Forrest, is there any chance you brought home a different power cab than your new one you took along?


----------



## BrokeCurmudgeon (Feb 8, 2016)

FTWingRiders said:


> Hey, sorry I forgot to add the details..
> 
> Yes, I used the flat cord in the left connector at home, and the coil cord at the club. Came home and The power cab works fine, but doesn't see the engine on the track at all, even when I try to program it again.
> 
> Also now there is no light on the small panel.. is there a way to reset it? Nothing in the book talks about that.
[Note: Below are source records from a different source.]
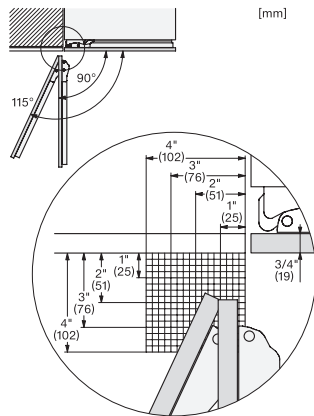

KFMC3632R+L, KFMC3642R+L, KFMC3836R+L,
KFMC3834R+L, KFMC3858FD, MasterCool III, hinge
clearance, installation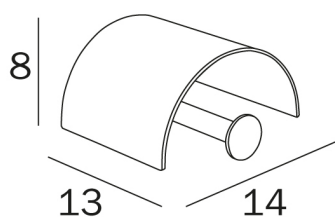

ONE

design Matteo Thun e Antonio Rodriguez

COD A24260

Portarotolo con coperchio

**DISEGNO
TECNICO**

FINITURE

CR Cromato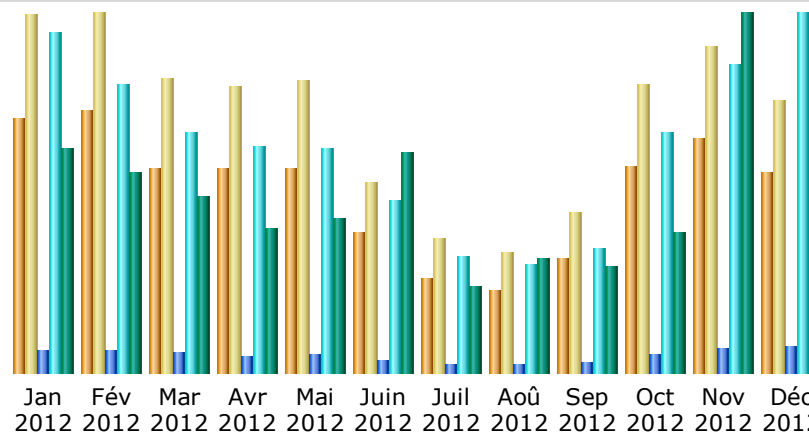

Dernière mise à jour: 01 Jan 2013 - 07:15

Période d'analyse: - Année - 2012 OK

Résumé

Période d'analyse	Année 2012				
Première visite	01 Jan 2012 - 00:02				
Dernière visite	31 Déc 2012 - 23:50				
	Visiteurs différents	Visites	Pages	Hits	Bande passante
Trafic 'vu' *	<= 127 440 Valeur exacte indisponible en vue 'annuelle'	178 289 (1.39 visites/visiteur)	474 387 (2.66 Pages/Visite)	6 093 843 (34.17 Hits/Visite)	452.95 Go (2663.92 Ko/Visite)
Trafic 'non vu' *			856 381	1 431 420	96.23 Go

* Le trafic 'non vu' est le trafic généré par les robots, vers ou réponses HTTP avec code retour spécial.

Historique mensuel

Mois	Visiteurs différents	Visites	Pages	Hits	Bande passante
Jan 2012	14 656	20 737	50 255	754 524	47.74 Go
Fév 2012	15 203	20 772	50 286	639 448	42.78 Go
Mar 2012	11 848	16 969	46 994	535 071	37.80 Go
Avr 2012	11 861	16 550	37 939	500 037	30.78 Go
Mai 2012	11 818	16 863	43 013	499 045	33.12 Go
Juin 2012	8 161	11 021	27 336	380 549	46.99 Go
Juil 2012	5 458	7 775	21 790	257 897	18.31 Go
Aoû 2012	4 770	6 938	18 888	239 021	24.42 Go
Sep 2012	6 591	9 339	23 697	276 571	22.73 Go
Oct 2012	11 904	16 721	41 775	533 448	30.14 Go
Nov 2012	13 565	18 900	53 213	682 155	76.53 Go
Déc 2012	11 605	15 704	59 201	796 077	41.62 Go
Total	127 440	178 289	474 387	6 093 843	452.95 Go

I have had two NCE items go bad. One was a USB adapter and the other a Panel. I am surprised that I had two in the matter of one month and both were new. I will say that Ed Wilson of NCE Tech Support is good to work with and is quite knowledgeable. A good man!


----------



## Genetk44 (Feb 26, 2016)

I would say you just had a bit of bad luck...I've had my Powercab for about 10 years..absolutely no problems at all. My club bought a Power cab about 8 years ago and upgraded it with a booster for more power...we have about 10 panels on the layout...never had a problem with any of the NCE bits. And its a large exhibition layout that gets broken down and re-assembled at least twice a year.


----------



## BrokeCurmudgeon (Feb 8, 2016)

Genetk44 said:


> I would say you just had a bit of bad luck...I've had my Powercab for about 10 years..absolutely no problems at all. My club bought a Power cab about 8 years ago and upgraded it with a booster for more power...we have about 10 panels on the layout...never had a problem with any of the NCE bits. And its a large exhibition layout that gets broken down and re-assembled at least twice a year.
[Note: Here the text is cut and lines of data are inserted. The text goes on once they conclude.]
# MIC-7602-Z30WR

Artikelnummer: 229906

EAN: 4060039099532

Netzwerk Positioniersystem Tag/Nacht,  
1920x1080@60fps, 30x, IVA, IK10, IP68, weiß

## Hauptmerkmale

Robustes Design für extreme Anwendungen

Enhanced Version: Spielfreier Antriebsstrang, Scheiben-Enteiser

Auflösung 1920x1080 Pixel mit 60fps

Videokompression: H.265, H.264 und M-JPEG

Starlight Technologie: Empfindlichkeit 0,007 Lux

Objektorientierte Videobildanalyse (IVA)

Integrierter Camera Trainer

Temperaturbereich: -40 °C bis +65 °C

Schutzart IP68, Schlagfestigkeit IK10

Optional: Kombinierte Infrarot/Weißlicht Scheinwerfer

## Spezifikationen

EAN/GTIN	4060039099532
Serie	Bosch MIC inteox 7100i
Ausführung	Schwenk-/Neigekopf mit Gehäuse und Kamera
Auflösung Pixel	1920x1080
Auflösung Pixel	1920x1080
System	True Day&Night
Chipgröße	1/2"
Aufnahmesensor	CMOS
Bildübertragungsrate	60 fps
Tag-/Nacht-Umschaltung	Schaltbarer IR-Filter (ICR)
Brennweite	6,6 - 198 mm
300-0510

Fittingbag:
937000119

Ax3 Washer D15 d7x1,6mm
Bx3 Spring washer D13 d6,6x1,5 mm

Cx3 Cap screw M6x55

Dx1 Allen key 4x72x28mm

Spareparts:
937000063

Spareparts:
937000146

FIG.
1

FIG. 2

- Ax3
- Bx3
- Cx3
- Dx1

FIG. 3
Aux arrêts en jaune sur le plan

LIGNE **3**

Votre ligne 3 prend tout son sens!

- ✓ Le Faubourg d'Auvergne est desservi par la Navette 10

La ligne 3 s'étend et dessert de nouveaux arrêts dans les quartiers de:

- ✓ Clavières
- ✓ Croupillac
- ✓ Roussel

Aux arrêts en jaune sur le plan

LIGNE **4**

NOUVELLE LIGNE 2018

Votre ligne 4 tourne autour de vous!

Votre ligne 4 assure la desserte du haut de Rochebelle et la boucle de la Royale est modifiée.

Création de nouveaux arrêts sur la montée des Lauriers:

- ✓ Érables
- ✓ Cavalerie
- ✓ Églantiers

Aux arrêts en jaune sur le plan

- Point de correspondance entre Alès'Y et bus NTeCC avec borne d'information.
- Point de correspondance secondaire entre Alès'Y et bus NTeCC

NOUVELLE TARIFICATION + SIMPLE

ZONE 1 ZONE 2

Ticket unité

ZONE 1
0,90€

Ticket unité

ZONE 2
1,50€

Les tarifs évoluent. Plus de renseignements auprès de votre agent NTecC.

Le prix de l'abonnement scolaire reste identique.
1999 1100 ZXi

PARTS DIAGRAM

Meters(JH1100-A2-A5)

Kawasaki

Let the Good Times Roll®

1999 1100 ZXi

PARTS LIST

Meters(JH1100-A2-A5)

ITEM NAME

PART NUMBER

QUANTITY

I will say, that depending on my limited experience and small layout, that I am really *happy* with the choice that I made for the NCE PowerCab. I didn't mean to disparage NCE only to point out that a panel can go bad. NCE customer service is good.


----------



## Genetk44 (Feb 26, 2016)

BrokeCurmudgeon said:


> I will say, that depending on my limited experience and small layout, that I am really *happy* with the choice that I made for the NCE PowerCab. I didn't mean to disparage NCE only to point out that a panel can go bad. NCE customer service is good.


I didn't get the impression that you were disparaging NCE, far from it....


----------



## FTWingRiders (Jan 13, 2017)

ClarkW said:


> Forrest, is there any chance you brought home a different power cab than your new one you took along?


Hey Clark... I don't think so... I was very watchful during his testing, just to be sure of what was working or not. 

So far everything has worked great. I'm very happy with the NCE.. the club I recently joined runs the NCE system, and has without issue for quite some time so when they recommended it, I didn't hesitate. I understand that any system can have parts go bad, it's the service after the sale that matters, and so far that's been nothing but good!:smilie_daumenpos:


----------